Hi Pascal, below some answers/comments to the second part of your mail - for the first part I need more time for digestion... :-) Only so much: great that you attempt a SAGA implementation!!! Quoting [Pascal Kleijer] (Dec 14 2006):
General comments and questions. Might be some meat for the public comments as well:
Now we stumbled upon the state machine of the API. The "Unknown" and "New" state are unclear to us. In our opinion when you create a job either with the factory or directly with the constructor of the specific incarnation, we enter the "New" state. The "Unknown" state is now reserved for the very short time the object is instantiated but we directly switch to "New" once the constructor is finished. The principle in OO programming is to have a stable object once you finish constructing it and calling method; if the constructor is not enough to have a stable object you need a factory. So when you get an object back it should be in a stable state, thus the "Unknown" state is superficial in our opinion.
The new state is indeed supposed to reflect a successfull job creation: the job was created by calling job_service.create_job () synchronously. The job instance then has a job description, and methods like run() can be called. saga::job j = job_service.create (job_description); // job is 'New' here, and can be run. However, when the same methid has been called _asynchronously_, the job instance remains uninitialized until the async call returns: saga::job j; // job state is 'Unknown' - cannot be run, yet saga::task = job_service.create_job <async> (&job, job_description); // job state is still 'Unknown' - cannot be run, yet task.wait (); // only now the job instance is initialized, and the state // changes to 'New' - run can be called now. The state diagram contains the method calls which lead to the different states - maybe that is not obvious enough...
Some metrics or attributes or the Job are useless since they come directly from the descriptor, Example: "ExecutionHosts", "WorkingDirectory" or "CPUTimeLimit". Unless you consider that these values might be different from the job description. Or if the job description don't mention them the job can have this values assigned by the back-end. Either case the API documentation should clarify this.

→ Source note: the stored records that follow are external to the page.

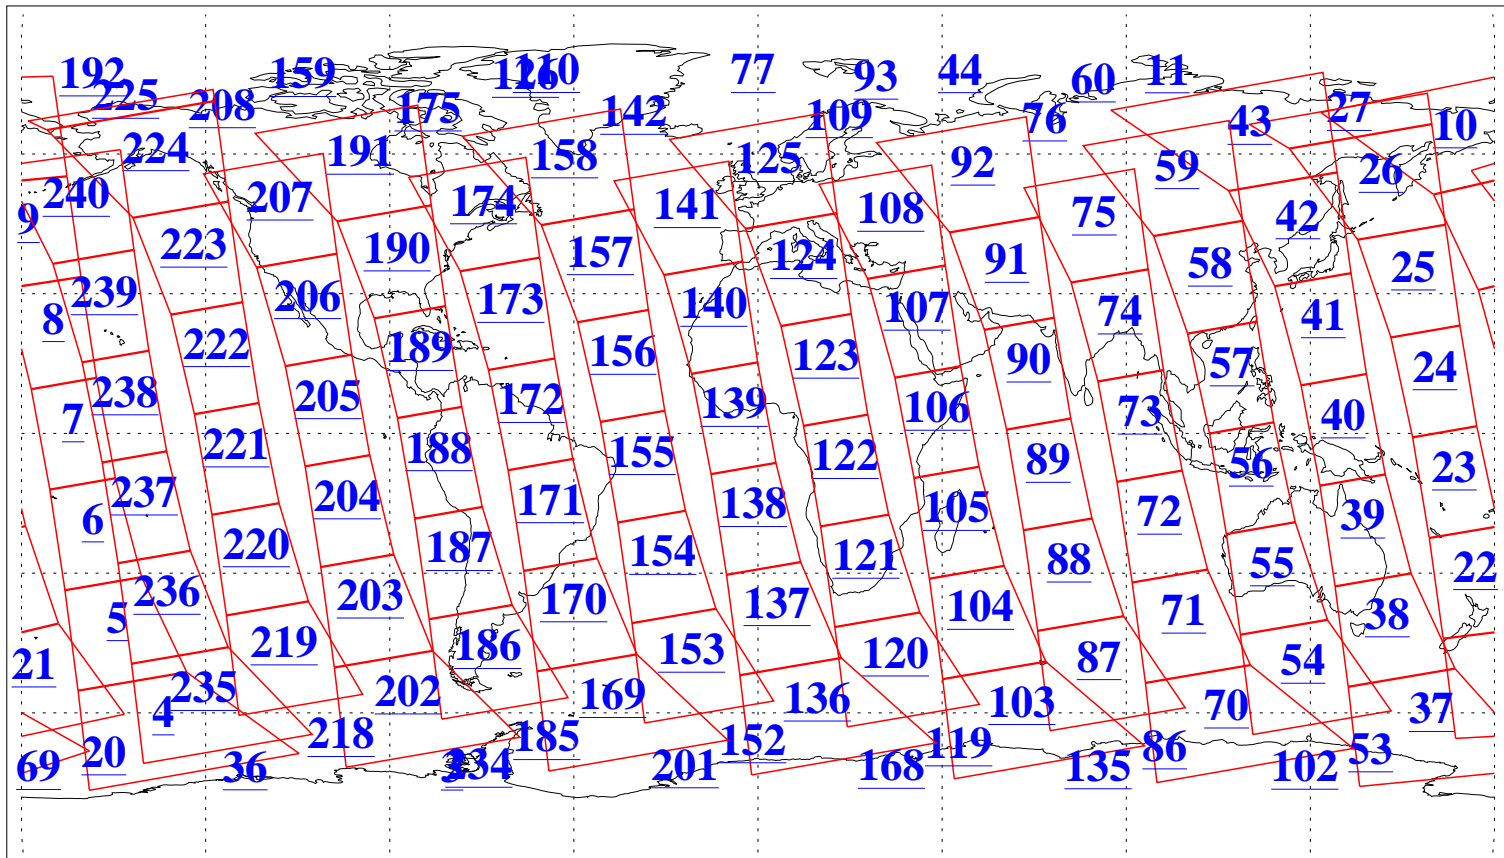

L1B Availability
AMSU Granules: 240
HSB Granules: 0
AIRS Granules: 239

29 Nov 2011
DoY 333
Aqua Day 3496
Granules: 1 to 120

Granules: 121 to 240

Legend: AMSU Available, HSB Available, AIRS Available

L1B Availability
AMSU Granules: 240
HSB Granules: 0
AIRS Granules: 239

29 Nov 2011
DoY 333
Aqua Day 3496

Ascending Granules

Descending Granules

Legend: AMSU Available, HSB Available, AIRS Available

L1B Availability
 AMSU Granules: 240
 HSB Granules: 0
 AIRS Granules: 239

29 Nov 2011
 DoY 333
 Aqua Day 3496

Northern Hemisphere Granules

Southern Hemisphere Granules

Legend: AMSU Available, HSB Available, AIRS Available

Well, these metrics are not useless, but potentially redundant ;-) as you say, the job_description might not contain the respective values (only 'Executable' is required in jd). Also, you may not have started the job with a job_description, but may have created the instane via list<string> ids = job_service.list_jobs (); saga::job job = job_service.get_job (ids[0]); Also, things like CPUTimeLimit, pwd, or queue may get changed by the backend. Lastly, the metrics are monitorable, so you can get notifictions on such changes. That does not work with the job_description. Does that make sense?

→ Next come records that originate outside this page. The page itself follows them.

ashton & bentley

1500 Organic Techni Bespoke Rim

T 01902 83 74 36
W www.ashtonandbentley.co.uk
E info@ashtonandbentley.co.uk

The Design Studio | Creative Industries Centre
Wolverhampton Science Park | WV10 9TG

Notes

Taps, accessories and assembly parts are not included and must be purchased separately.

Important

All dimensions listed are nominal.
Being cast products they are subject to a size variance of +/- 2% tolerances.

The run_job from the service will not follow the API contract if implemented. Only one parameter can be returned in java. Also the streams are available thought the Job pattern.
Well, you can return an parameter array in Java - that is, AFAIK, the java way to multiple return parameters? But, yes, streams are available anyway. run_job() is a convenience method anyway... I am not sure how that should be rendered in Java... It'll probably be the single most discussed call in the Java bindings ;-)

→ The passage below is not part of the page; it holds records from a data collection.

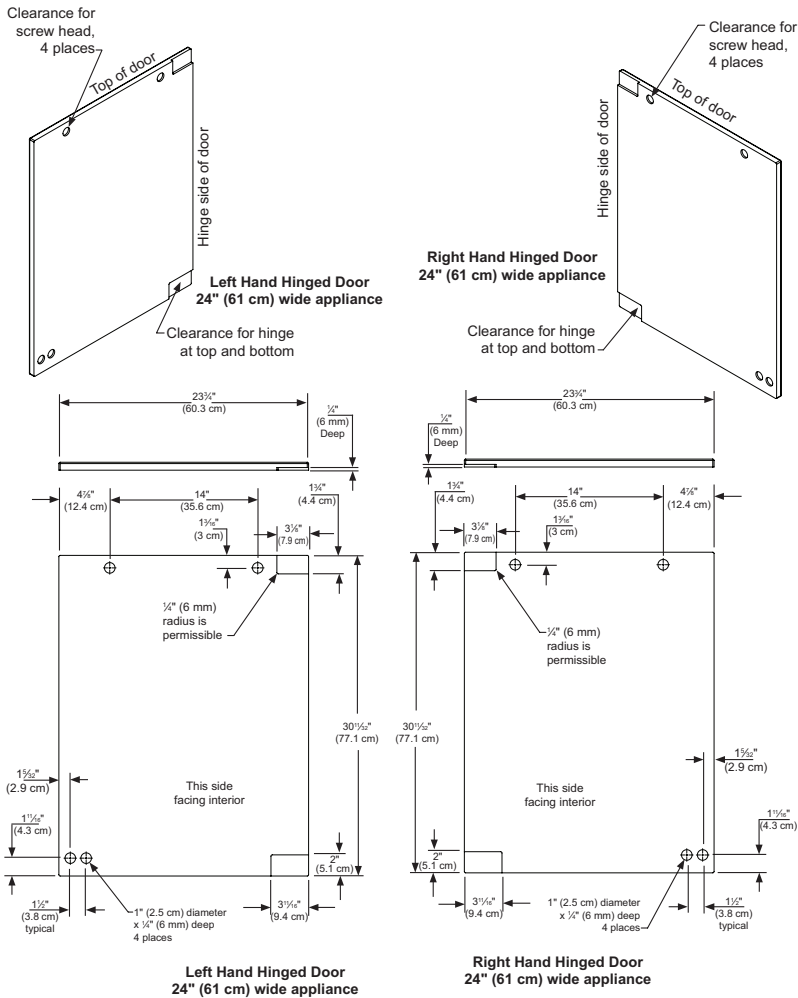

## Product Dimensions

## Panel Overlay Dimensions

## Rough-In Dimensions

A. Rough-In Width	24"	
B. Rough-In Height	Solid Door	34" to 35"
	Overlay Door	34 1/4" to 35 1/4"
C. Rough-In Depth	24"	

## Product Dimensions

D. Width	23 7/8"	
E. Height	Solid Door	33 3/4" to 34 3/4"
	Overlay Door	34" to 35"
F. Depth	21 1/2"	
G. Depth to Front of Door	Solid Door	23 23/32"
	Overlay Door	22 7/8" Without Handle
H. Depth to Handle	25 21/32" (Stainless Steel)	
I. Depth with door at 90°	Solid Door	46 13/32"
	Overlay Door	46 1/2"

In the document section 3.8.8 Examples the example at line 16 and 17 is wrong (or the method is overwritten). There should be no string argument. The host should be set in the descriptor.
Yes, indeed! Thanks nice catch - I fixed it in CVS... Cheers, Andre. -- "So much time, so little to do..." -- Garfield

Hello Andre, OK I let you digest the first part. If you need it I can bundle you the code if you feel for some Java snack :p Also some in-line comments:
below some answers/comments to the second part of your mail - for the first part I need more time for digestion... :-) Only so much: great that you attempt a SAGA implementation!!!
Quoting [Pascal Kleijer] (Dec 14 2006):
General comments and questions. Might be some meat for the public comments as well:
Now we stumbled upon the state machine of the API. The "Unknown" and "New" state are unclear to us. In our opinion when you create a job either with the factory or directly with the constructor of the specific incarnation, we enter the "New" state. The "Unknown" state is now reserved for the very short time the object is instantiated but we directly switch to "New" once the constructor is finished. The principle in OO programming is to have a stable object once you finish constructing it and calling method; if the constructor is not enough to have a stable object you need a factory. So when you get an object back it should be in a stable state, thus the "Unknown" state is superficial in our opinion.
The new state is indeed supposed to reflect a successfull job creation: the job was created by calling job_service.create_job () synchronously. The job instance then has a job description, and methods like run() can be called.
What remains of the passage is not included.